È chiaro che dietro il successo impressionante di quest’opera
non sta semplicemente una buona produzione musicale e teatrale, ma
il fascino di una persona ben precisa, cioè di Cristo stesso.
E nello stesso tempo quest’opera è indice di una profonda
confusione circa l’identità di questo personaggio, anzi
di un diffuso tentativo, anche dentro il mondo cristiano, di ricondurlo
dentro i limiti ammessi dalla cultura moderna sopra descritta: di
conseguenza Cristo è presentato come un semplice uomo, per
di più insicuro, votato ad una fine sacrificale senza senso,
vittima di un dio crudele e irrazionale.
Tim Rice, uno dei due autori del musical, ha dichiarato che "l’idea
dell’opera è di far vedere Cristo con gli occhi di Giuda…

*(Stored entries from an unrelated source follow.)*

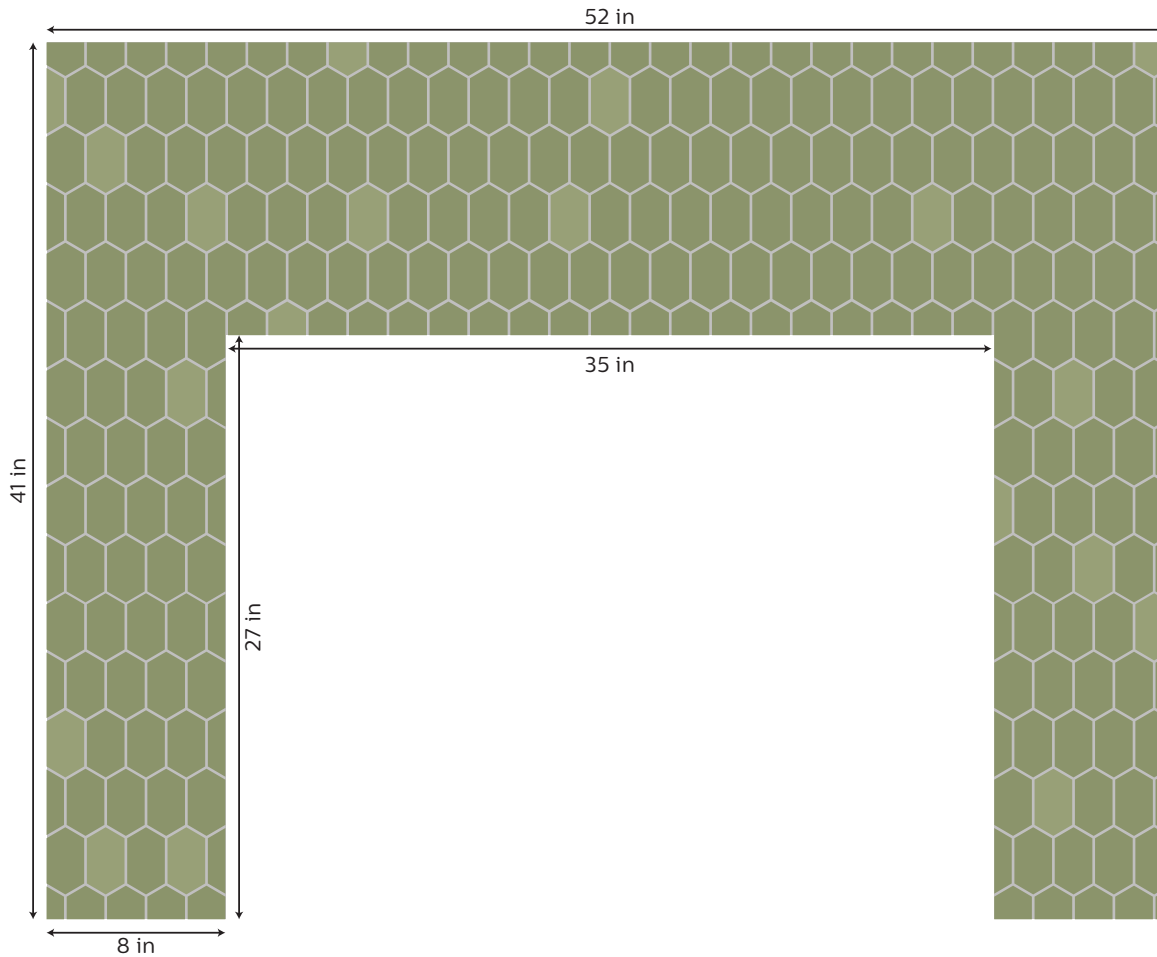

CUSTOMIZATION

We can assist you with customization of this design and calculations of tile quantities. Please email: josh@claysquared.com to begin the process.

TOTAL
13 SF

ELONGATED HEX FIREPLACE

DESIGN BY CLAY SQUARED
TO INFINITY LLC

CONTACT

claysquared.com

612-781-6409

COLOR

Rosemary

FACADE

272 Elongated Hex

FACADE

Cristo uomo, non Dio… E, come Giuda, anche Cristo è confuso
e non sa realmente chi è"; e fa dire a Maddalena: "È
un uomo, è solo un uomo"; e a Giuda: "Dio! Non saprò
mai perché mi hai scelto per il tuo crimine, il tuo ripugnante,
crudele crimine! Tu mi hai assassinato!". Nel ritornello del
brano principale Giuda chiede a Cristo: "Pensi proprio di essere
quello che loro (gli apostoli) pensano che tu sia?". Quest’ultima
affermazione mostra la concezione della Chiesa che attraversa non
solo quest’opera, ma la mentalità dominante in genere:
la Chiesa come realtà deleteria da cui la figura di Cristo
deve essere distinta e liberata.
È chiaro quindi che quest’opera mette in evidenza il
tipo di rapporto che in questi ultimi decenni, a partire soprattutto
dagli anni della contestazione giovanile americana, si è venuto
formando tra il mondo dei giovani occidentali e la figura di Cristo:
da una parte un’attrattiva profonda e normalmente censurata,
dall’altra una ignoranza pesante sulla realtà della sua
persona e della sua opera, terreno fertile per travisamenti ideologici
della sua identità; in particolare risulta evidente la separazione
di Cristo dalla sua Chiesa, concepita per lo più come un organismo
di potere che ha mitizzato la figura di Cristo per i propri interessi.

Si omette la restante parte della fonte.